I am fascinated by the Canadian debate. In contrast to England and Wales, where the external ownership of law firms was imposed by government, the exploration of ABS in Canada has been led by a legal profession that is self regulating. The dynamics are therefore very different.
In Ontario, an open consideration of ABSs by the Law Society of Upper Canada led to the polarisation of their recent elections for Benchers. Candidates who were anti ABS were openly supported by the Ontario Trial Lawyers Association. According to the Financial Post article those candidates now form a majority of elected benchers.
As I have observed in a previous post, the way in which the debate over ABS is framed by those who oppose them misses the point. It seeks to contrast "good" lawyers with "bad" ABS and Quindell is grist to this mill. In reality there are also bad lawyer and indeed I have acted in relation to a fair few. I have particular recollection of a solicitor who acted for a client who suffered catostrophic injuries at work and who told clients that the insurance company had offered a figure that was 10% of what they had really offered and it was a good deal. He took the rest.
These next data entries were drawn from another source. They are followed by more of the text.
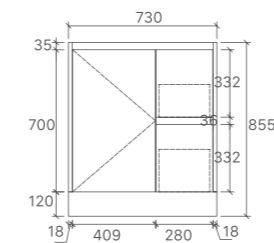

SY05-900L
Size: 880x450x855mm

SY05-1200L
Size: 1180x450x855mm

SY05-1500
Size: 1480x450x855mm

Mina Collection

SYWH04-600
Size: 580x455x520mm

SYWH04-750
Size: 730x455x520mm

SYWH04-900
Size: 880x455x520mm

SYWH04-1200S
Size: 1180x455x520mm

SYWH04-1200D
Size: 1180x455x520mm

SYWH04-1500S
Size: 1480x455x520mm

SYWH04-1500D
Size: 1480x455x520mm

Royce Collection

SY05-600
Size: 580x450x855mm

SY05-750L
Size: 730x450x855mm

SY05-900L
Size: 880x450x855mm

SY05-1200L
Size: 1180x450x855mm

SY05-1500
Size: 1480x450x855mm

Sammy Collection

SK7-600
Size: 580x455x855mm

SK7-750R
Size: 730x455x855mm

SK7-900R
Size: 880x455x855mm

SK7-1200D
Size: 1180x455x855mm

SK7-1200
Size: 1180x455x855mm

SK7-1500
Size: 1480x455x855mm

SK7-1800
Size: 1776x455x855mm

Willow Collection

SK7-600
Size: 580x455x855mm

SK7-750R
Size: 730x455x855mm

SK7-900R
Size: 880x455x855mm

SK7-1200D
Size: 1180x455x855mm

SK7-1200
Size: 1180x455x855mm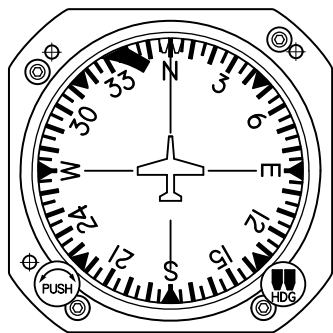

**RCA26 SERIES ELECTRIC HORIZONS**

6-32 UNC-2B THD  
(TYPICAL)

**TYPICAL POWER  
PLUG PIN ID**

**NOTE:**  
See back of instrument for pin-out information.

**RCA11 SERIES VACUUM AND RCA15 SERIES ELECTRIC DIRECTIONAL GYROS**

**TYPICAL VACUUM FITTING SIZES**

**RCA11 SERIES VACUUM & RCA15 SERIES ELECTRIC DIRECTIONAL GYROS WITH AUTO PILOT**

**TYPICAL AUTOPILOT  
PLUG PIN ID**

SEE OUR CATALOG  
FOR DETAILED INFORMATION

**RCA22 SERIES VACUUM HORIZON, RCA2600-3 DIGITAL HORIZON  
RCA56 SERIES TURN & BANK AND RCA82 SERIES TURN COORDINATOR**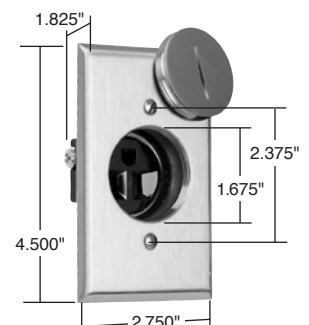

TM1542BOX

TM1542LA*

TM1542FM

TM1542CF

*See available colors at right.

1542FBA

1542DR

Catalog Number	Description	Color	NEMA Config. No.
Floor Box			
TM1542BOX	38 cu. in., with knockouts and Auto/Clamps®, 3 screws for mounting to floor.	Gray	5-15R
Thermoplastic Covers			
TM1542W TM1542BR TM1542GRY TM1542N TM1542BK TM1542LA	Includes 15A, 125V Decorator receptacle, matching detachable and replaceable hinged door; threaded device-mounting holes; drill guides for low-voltage poke-through holes; accepts any Decorator device; mounts on carpeting, hardwood, linoleum, tile floors; 4 mounting/leveling screws.	White Brown Gray Paintable Gray Black Light Almond	5-15R 5-15R 5-15R 5-15R 5-15R 5-15R
Brass Covers			
TM1542FM	Low-profile cover requires minimum 3/8" hardwood floor thickness.	Brass	5-15R
TM1542CF	High-profile cover fits any floor finish – including carpeting, linoleum, tile, etc. Both covers include an 885 15A, 125V Decorator duplex receptacle and will accept any Decorator device. Covers include captive screws to prevent loss.	Brass	5-15R

UL listed in accordance with 314.27(e).

Features	
<ul style="list-style-type: none"> Solid brass covered plate with matching flush fitting brass cap. 15A, 125V single receptacle made of durable thermoplastic. 	<ul style="list-style-type: none"> UL and FSUL listed.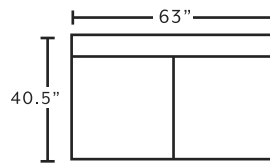

90069
Armless Loveseat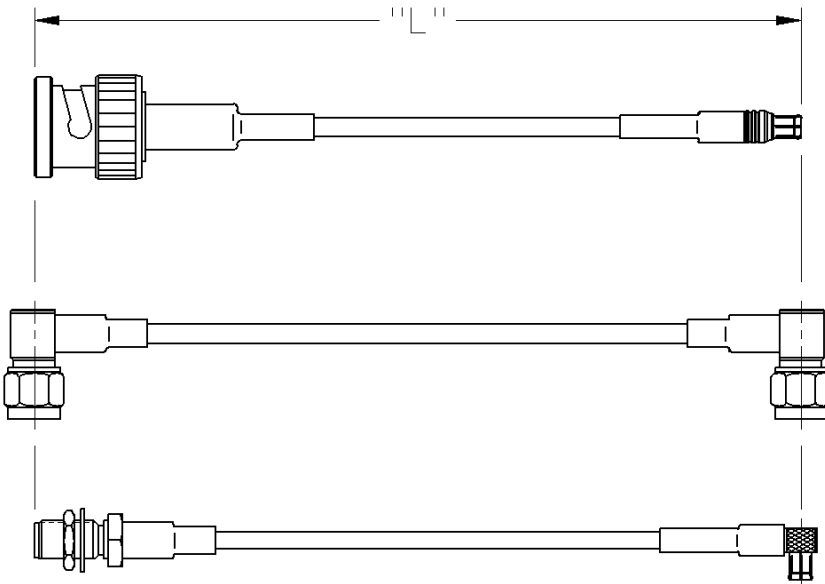

## N STRAIGHT PLUG TO N STRAIGHT PLUG

PART NUMBER	CABLE TYPE	CABLE LENGTH	CONNECTOR A	CONNECTOR B
415-0058-012	RG-58	12"	CPN-1	CPN-1
415-0058-024	RG-58	24"	CPN-1	CPN-1
415-0058-036	RG-58	36"	CPN-1	CPN-1
415-0058-048	RG-58	48"	CPN-1	CPN-1
415-0058-060	RG-58	60"	CPN-1	CPN-1
415-0060-012	RG-142	12"	CPN-142T	CPN-142T
415-0060-024	RG-142	24"	CPN-142T	CPN-142T
415-0060-036	RG-142	36"	CPN-142T	CPN-142T
415-0060-048	RG-142	48"	CPN-142T	CPN-142T
415-0060-060	RG-142	60"	CPN-142T	CPN-142T

PART NUMBER	CABLE TYPE	CABLE LENGTH	CONNECTOR A	CONNECTOR B
415-0062-012	RG-8	12"	CPN-8	CPN-8
415-0062-024	RG-8	24"	CPN-8	CPN-8
415-0062-036	RG-8	36"	CPN-8	CPN-8
415-0062-048	RG-8	48"	CPN-8	CPN-8
415-0062-060	RG-8	60"	CPN-8	CPN-8
415-0063-012	RG-213	12"	CPN-8	CPN-8
415-0063-024	RG-213	24"	CPN-8	CPN-8
415-0063-036	RG-213	36"	CPN-8	CPN-8
415-0063-048	RG-213	48"	CPN-8	CPN-8
415-0063-060	RG-213	60"	CPN-8	CPN-8

Johnson Components' cable length applies to the end of straight connectors. The length is applied to the vertical centroid of right angle connectors. The last three digits of the part number reflect the length of the cable in inches.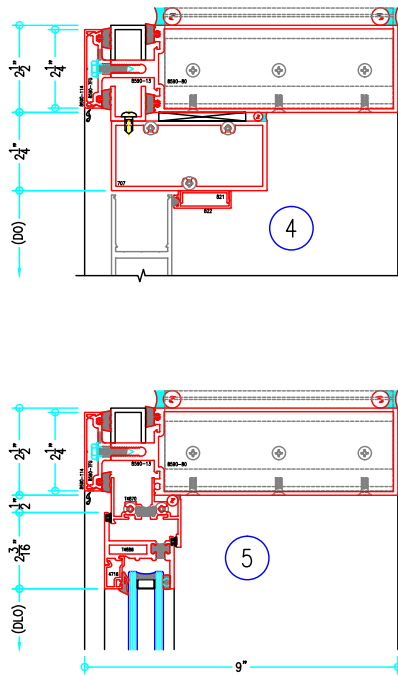

ALUMINUM
CURTAIN
WALL

T8590 Series

2-1/2" Thermally-Broken Curtain Wall

(available in 5", 6", 7-3/8", 9" and 10-1/2" depths)

9" Curtain Wall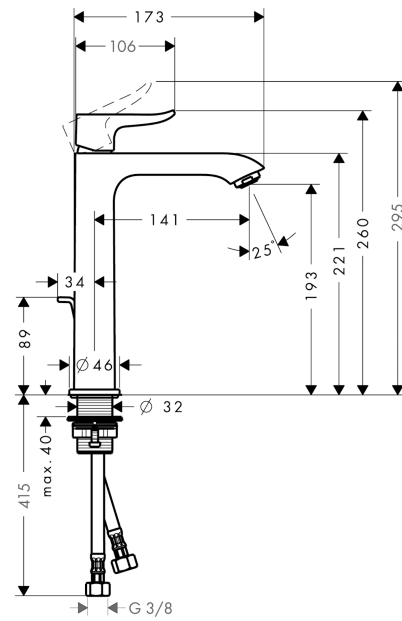

Metris

Single lever basin mixer 200 with pop-up waste set

Surfaces: **chrome** Article Number: **31183000**

Description

product features

- ComfortZone 200
- projection 141 mm
- normal spray
- flow rate: 5 l/min
- pop-up waste set
- suitable for continuous flow water heaters

Technology

Product image

Scale drawing

Flowchart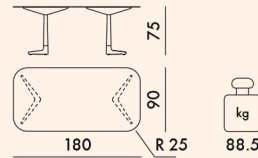

4123
OUTDOOR
Rectangular stoneware top with marble finish

4124
OUTDOOR
Rectangular glass top

4160
INDOOR
Rectangular stoneware top with marble finish

EN 1022:2005
EN 15372:2008 par. 5
EN 1730:2000

Level reached
Compliant
Compliant

6.2	3
6.3	3
6.4	3
6.5	3
6.6	3
6.8	3

Model	Top Weight (kg)	Leg Weight (kg)	Box Weight (kg)	Box Dimensions (cm)
4084/4085	1 top: 63.0	1 leg: 19.0	0.200	200X125X8
4123/4124	1 top: 44.0	1 leg: 19.0	0.125	165X95X8
4125/4126	1 top: 68.8	1 leg: 19.0	0.589	81X79X92
4160	1 top: 101.0	1 leg: 19.0	0.257	245X107X12

This was done by a solicitor who knew that the money he was stealing was intended to provide for the client and their family because the client could no longer work. No one is suggesting that this should lead to us abolishing the legal profession.
When thinking about whether to regulate ABSs there are two things that need to be considered. First is the market for legal services, second is the legal profession. They used to be the same but the emergence of legal services that sit outside the legal professions, turbo charged by the internet, means that this is no longer the case. There is therefore a real issue as to whether to regulate the legal services market or the legal profession. The choice is not necessarily a binary one. By permitting and regulating ABSs the legal profession would be embracing some of the new entrants and in doing so strengthening its own regulatory framework. The experience of England and Wales is that many ABSs turn out to be law firms that just want to reward employees who are not legally qualified. They are not that scarey.
To simply say no to widening the types of regulated legal businesses risks leaving lawyers as bystanders in a diversifying market where they will become just one type of provider of legal services. That may be a logical choice based on preserving a particular brand identity in a new market but I am not sure that the current debate is asking the right questions.
The Slater & Gordon situation is probably a red-herring when it comes to the CBA ownership proposal. Opponents have seized on Slater & Gordon as an example of ABS not working because of its public share price. There is nothing in the CBA proposal that says a public stock market listing is the only way to go. That’s not going to stop opponents from seizing on Slater & Gordon as an example of all that is wrong with ABS. I hope Headon is right and the debate continues, but I think the Slater & Gordon situation has basically nailed the coffin lid shut on ABS.